* [Directions for this task]:
Show all lines from the material that carry the word "本体質量".

* [Extracted entries]:

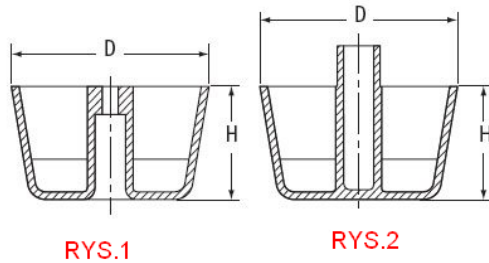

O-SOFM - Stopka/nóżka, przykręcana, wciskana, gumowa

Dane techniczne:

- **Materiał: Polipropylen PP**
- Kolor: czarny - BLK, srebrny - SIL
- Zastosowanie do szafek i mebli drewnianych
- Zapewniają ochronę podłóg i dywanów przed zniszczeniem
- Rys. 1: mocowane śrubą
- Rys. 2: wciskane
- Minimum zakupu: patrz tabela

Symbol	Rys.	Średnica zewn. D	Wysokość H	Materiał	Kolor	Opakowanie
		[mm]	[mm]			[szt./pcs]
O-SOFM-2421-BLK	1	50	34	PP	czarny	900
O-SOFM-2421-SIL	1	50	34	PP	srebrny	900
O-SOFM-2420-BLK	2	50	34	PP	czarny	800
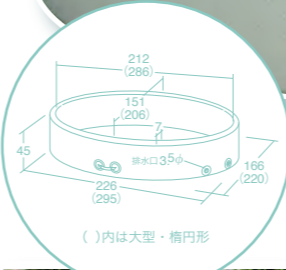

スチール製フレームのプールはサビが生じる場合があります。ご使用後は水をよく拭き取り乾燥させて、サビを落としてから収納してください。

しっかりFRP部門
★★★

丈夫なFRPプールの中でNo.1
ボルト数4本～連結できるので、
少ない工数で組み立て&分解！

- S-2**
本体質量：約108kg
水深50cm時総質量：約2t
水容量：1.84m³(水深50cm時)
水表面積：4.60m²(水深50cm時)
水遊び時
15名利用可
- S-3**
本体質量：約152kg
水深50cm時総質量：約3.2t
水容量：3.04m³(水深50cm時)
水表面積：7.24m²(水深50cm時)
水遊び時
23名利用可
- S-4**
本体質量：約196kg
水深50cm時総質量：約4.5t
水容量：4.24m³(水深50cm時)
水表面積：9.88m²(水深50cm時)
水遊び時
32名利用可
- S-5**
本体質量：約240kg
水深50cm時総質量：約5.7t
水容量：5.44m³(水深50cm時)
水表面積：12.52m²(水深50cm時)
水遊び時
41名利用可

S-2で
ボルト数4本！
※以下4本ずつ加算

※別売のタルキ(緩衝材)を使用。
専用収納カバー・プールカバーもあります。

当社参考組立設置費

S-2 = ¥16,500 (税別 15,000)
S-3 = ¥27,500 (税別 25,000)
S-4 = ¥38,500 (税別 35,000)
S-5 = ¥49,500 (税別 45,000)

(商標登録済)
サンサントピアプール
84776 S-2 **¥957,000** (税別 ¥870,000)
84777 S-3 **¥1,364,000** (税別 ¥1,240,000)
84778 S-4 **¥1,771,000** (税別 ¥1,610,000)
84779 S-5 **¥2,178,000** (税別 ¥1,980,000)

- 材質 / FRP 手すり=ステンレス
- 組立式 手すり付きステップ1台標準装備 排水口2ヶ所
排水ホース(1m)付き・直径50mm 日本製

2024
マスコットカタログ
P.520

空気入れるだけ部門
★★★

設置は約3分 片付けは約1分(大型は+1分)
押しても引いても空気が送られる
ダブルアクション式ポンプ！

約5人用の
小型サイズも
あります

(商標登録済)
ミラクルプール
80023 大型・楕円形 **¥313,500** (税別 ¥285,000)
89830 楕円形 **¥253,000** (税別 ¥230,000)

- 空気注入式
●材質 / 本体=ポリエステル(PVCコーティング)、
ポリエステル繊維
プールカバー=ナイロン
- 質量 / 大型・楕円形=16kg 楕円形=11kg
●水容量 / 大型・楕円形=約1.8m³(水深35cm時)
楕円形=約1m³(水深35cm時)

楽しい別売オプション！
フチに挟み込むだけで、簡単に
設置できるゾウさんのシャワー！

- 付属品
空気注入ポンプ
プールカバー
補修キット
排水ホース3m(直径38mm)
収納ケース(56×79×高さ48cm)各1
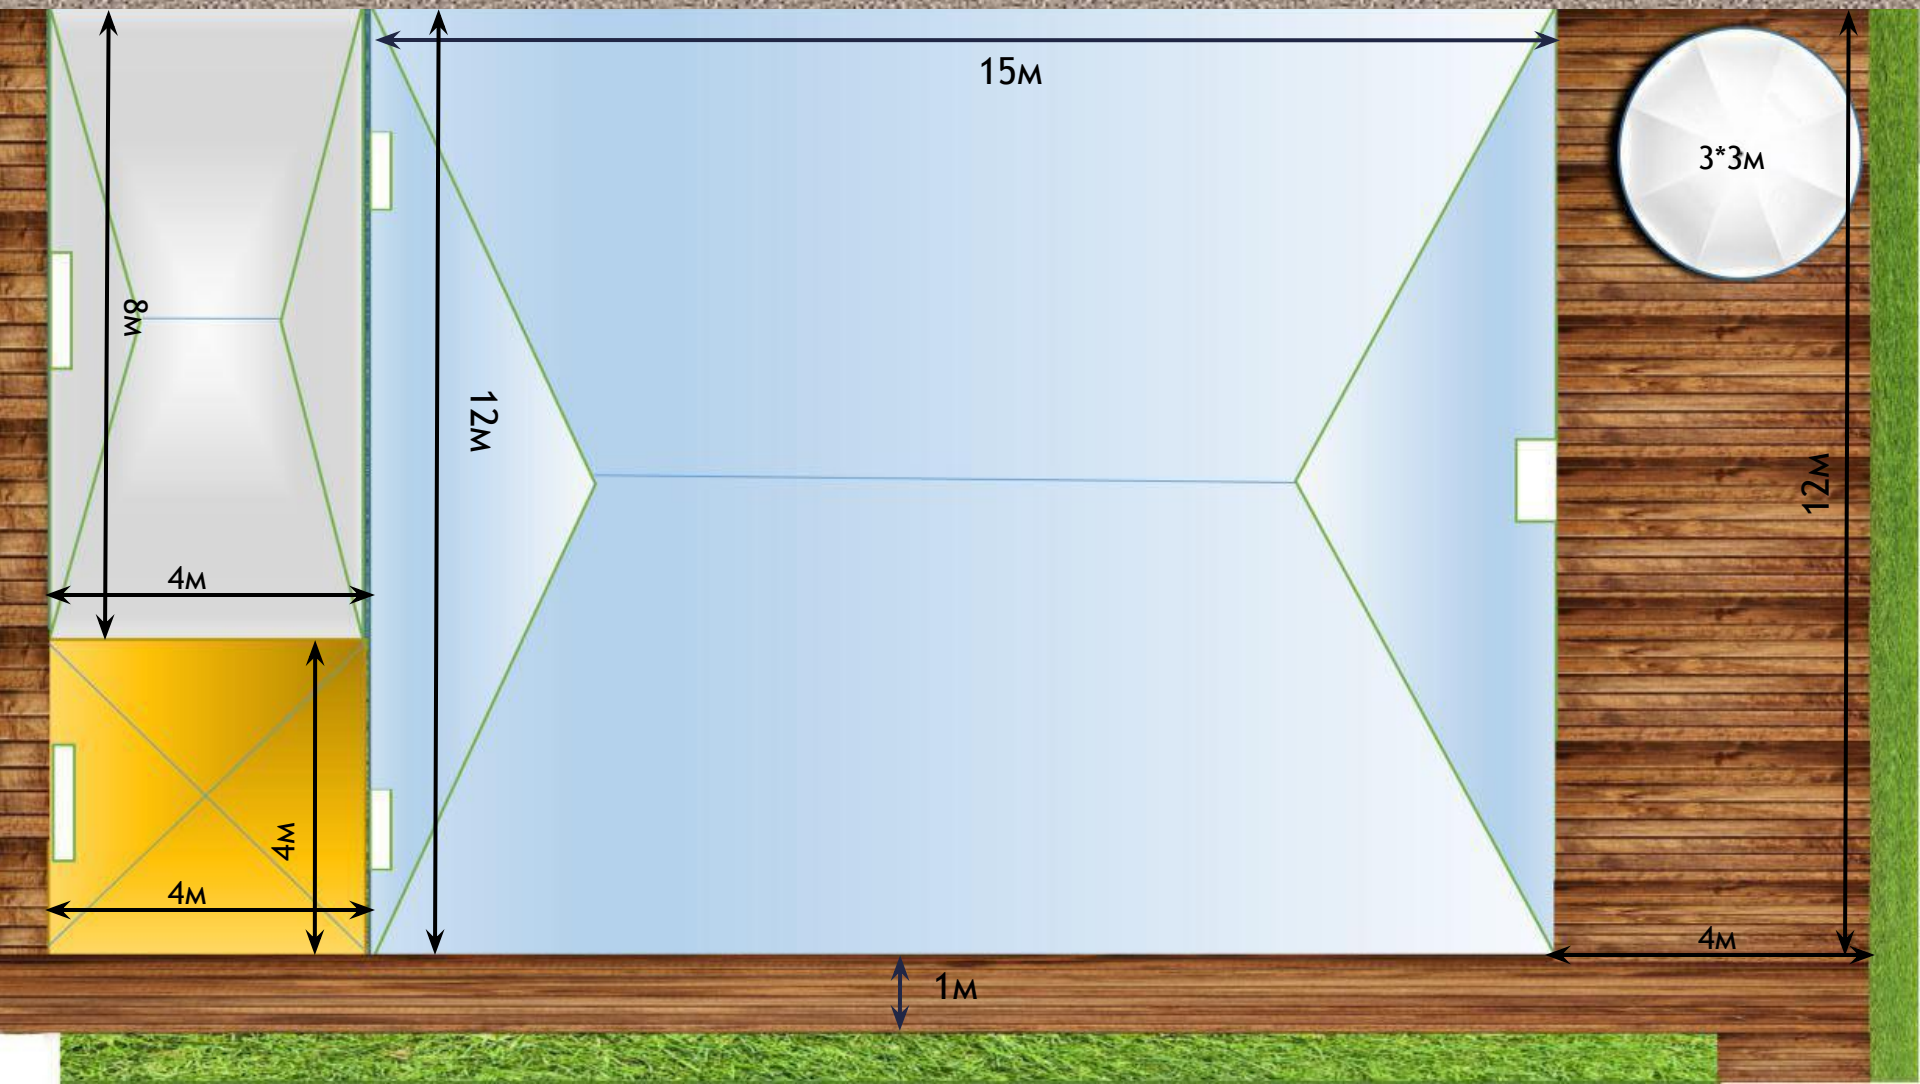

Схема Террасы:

* [The answer]:
本体質量：約108kg
本体質量：約152kg
本体質量：約196kg
本体質量：約240kg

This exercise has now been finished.